[Bioperl-l] What's the best way to produce gff files from genebank/embl formats?
Chris Fields
cjfields at uiuc.edu
Thu Nov 15 18:43:02 UTC 2007
There are currently many ways to get what you want, but not all are
consistent (particularly re: GFF3). We are aiming for more
consistent, compliant GFF/GTF output in the next developer series
(1.7) of Bioperl.
You can try using bp_genbank2gff or bp_genbank2gff3 (both in the
scripts directory); these are probably the most common way when
working directly from a seq record. Bio::Tools::GFF is the most
commonly used class though I'm unsure of it's status for GFF3
output.

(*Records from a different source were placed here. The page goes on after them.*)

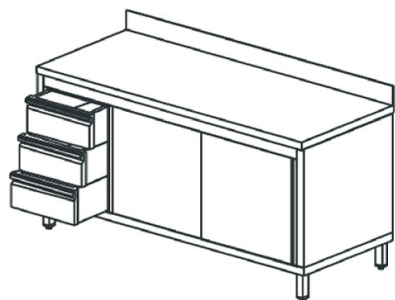

Tavolo armadio; alzat./cassett. sx 3xgn1/1

Prezzo 930.00 Euro

Tavolo armadio con cassettera e porte battenti: piano di lavoro in acciaio inox spessore 10/10 sati
[\[visit website\]](#)

Descrizione prodotto

Tavolo armadio con cassettera e porte battenti: piano di lavoro in acciaio inox spessore 10/10 satinato scotch brite altezza 40 mm con rinforzo interno e tappatura a vista. Struttura portante armadiata con schiena, ripiano intermedio regolabile, fianchi, porte scorrevoli tamburate e ripiano inferiore posizionato a 150 mm da terra, realizzata in acciaio inox satinato scotch brite e dotata di piedini di livellamento regolabili in acciaio inox/nylon. Cassettera a 3 cassetti gastronorm realizzata interamente in acciaio inox satinato scotch brite. Assenza di spigoli vivi.

Ulteriori informazioni

Capacità: -

Dimensioni (Larg x Prof x Alt) mm: 1200 x 700 x 850

Fase: -

Frequenza: -

KW Elettrico: -

KW gas: -

Volt: -
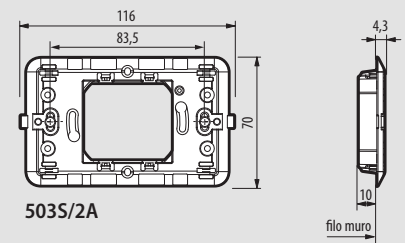

DATI DIMENSIONALI
Scatole da parete e supporti

SCATOLE DA PARETE

SUPPORTO 2 MODULI

SUPPORTO 2 MODULI CENTRATI

503S/2A

SUPPORTO 3 MODULI

SUPPORTO 4 MODULI

SUPPORTO 6 MODULI

SUPPORTI 3+3 MODULI
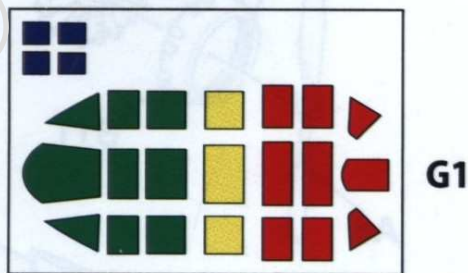

# Yokosuka E14Y1 Model 11 Early

72033

## Painting Mask Set

Color Chart	Mr. COLOR	TAMIYA	AMMO	AK Interactive	HATAKA
Silver	A 8	X-11	195	RC 020	003
Red	B 3	X-7	049	RC 006	276
IJN Interior Green	C 127	XF-71	219	RC 307	309
Flat Black	D 33	XF-1	046	RC 001	100
Flat Yellow	E 58	X-8	048	RC 007	107
Dark Grey	F 32	XF-65	235	RC 242	031
Clear Blue	G 50	X-23	098	RC 504	CC01
Clear Red	H 47	X-27	093	RC 503	CC01
Rust	I 61	XF-79	040	AK-709	
Steel	K 28	XF-16	191	AK-476	
Wood	L 43	XF-78	036	AK-783	012

From within a Bio::SeqI you can call write_gff() (currently
not very flexible) or from the SeqFeature itself gff_string().
Bio::Graphics::Feature has the additional method gff3_string().
Bio::FeatureIO is also an option, though I would consider it very
experimental (it will likely undergo significant revision in the next
bioperl dev series).
Any others anyone can think of, maybe non-BioPerl related as well?
chris
On Nov 15, 2007, at 9:44 AM, Lucia Peixoto wrote:
> Hi
> I was asked this question recently
> and it occurred to me I must be doing things inefficiently
> To produce gff file I was using SeqIO to parse the required fields,
> then
> according to the conventions just printing out whatever was
> required tab
> delimited, which is easy
>
> but if I wanted to generate a genbank file, extracting features
> from a gff file
> and a plain fasta file it was more complicated
> is there support for gff in bioperl now?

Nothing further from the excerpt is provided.